AREAS OF INTEREST:   Automobile insurance, “occupying” vehicle

LEGAL IMPACT:  A passenger may still be “occupying” a vehicle while in the process of moving to a place of safety for purposes of entitlement to coverage under the vehicle’s automobile insurance policy. 


Burbank v. Philadelphia Insurance Companies, Hillsborough County Superior Court, Northern District #216-2010-EQ-00066 (1/31/12)
(J. Brown)


On May 6, 2008 a school bus operated by the Manchester Transit Authority (“MTA”) dropped Liam Burbank, a minor, off at his designated bus stop on Union Street.  In order to reach his house located at the corner of Union Street and Whitford Street, Liam had to walk north on Union Street with his back to traffic.  Access to the property on which Liam’s house was located was blocked by a stone wall that ran parallel to Union Street. 

As he was walking on a grass path that runs alongside Union Street toward his driveway, Liam was struck by an underinsured motorist.  The accident occurred about 12-27 seconds after Liam exited the bus and approximately 45-100 feet from the bus stop. 
By that time the school bus had proceeded to its next designated stop.

A Department of Safety (“DOS”) regulation requires school bus drivers to wait until exiting passengers have “cleared the danger zone of the bus” - consisting of the ten foot area immediately surrounding the stopped school bus - before proceeding. 

The MTA bus was insured under a Business Auto Policy and a Commercial Excess Policy issued by Philadelphia Insurance Companies.  Coverage under the policies was dependent on whether Liam was an “insured” at the time of the accident.  The policy defined “insured” as “[a]nyone ‘occupying’ an ‘insured motor vehicle’”.  “Occupying” was defined as “in, upon, getting in, on, out or off.” 

The Court held a bench trial to determine whether at the time of the accident Liam was “occupying” the school bus as defined under the Philadelphia policy.  Philadelphia’s expert testified that Liam was beyond the ten foot danger zone at the time he was struck and that under the DOS regulation it was safe for the bus to proceed.  Liam’s expert testified that the purpose of the DOS regulation was only to prevent the bus from striking its passengers and that Liam was not at a place of safety with respect to other vehicles until he reached his driveway. 


The Court ruled that Liam was “occupying” the school bus at the time of the accident because he had not yet reached a place of safety.  Therefore, he was entitled to underinsured motorist coverage under the Philadelphia policies.

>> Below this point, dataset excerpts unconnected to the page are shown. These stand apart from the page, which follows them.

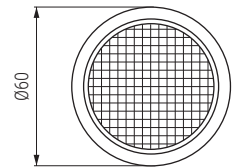

### REDO Aireador para canapé

Canape accesories

Código Code	Material	Acabado Finish	
9033.100	plástico/plastic	negro/black	250
9033.101	plástico/plastic	gris/grey	250
9033.102	plástico/plastic	blanco/white	250

### ROSY Aireador para canapé

Canape accesories

Código Code	Material	Acabado Finish	
1457.2	plástico/plastic	negro/black	250
1457.3	plástico/plastic	blanco/white	250
1457.4	plástico/plastic	marrón/brown	250

### ROSY Arandela tope para aireador canapé

Canape accesories

Código Code	Material	Acabado Finish	
1457.9	acero/steel	niquelado/nickel plate	1.000

New Hampshire courts apply a “vehicle-orientation test” in interpreting whether a passenger is “occupying” a vehicle for purposes of insurance coverage.  This test requires that the claimant is “engaged in an activity essential to the use o the vehicle” at the time of the accident.  This activity may include “the process of moving away from the vehicle to a place of safety.”

The Court found to be persuasive the testimony of Liam’s expert that a student remains on the bus trip from the moment he exits until he reaches a place of safety. The Court determined that Liam had not yet reached a place of safety at the time of the accident since there was no sidewalk or paved shoulder on which to walk, and he was required to walk on a busy street with his back to traffic in order to get home.  It ruled that the term “occupying” was ambiguous because it was reasonably susceptible of more than one interpretation and, therefore, would be interpreted in favor of coverage.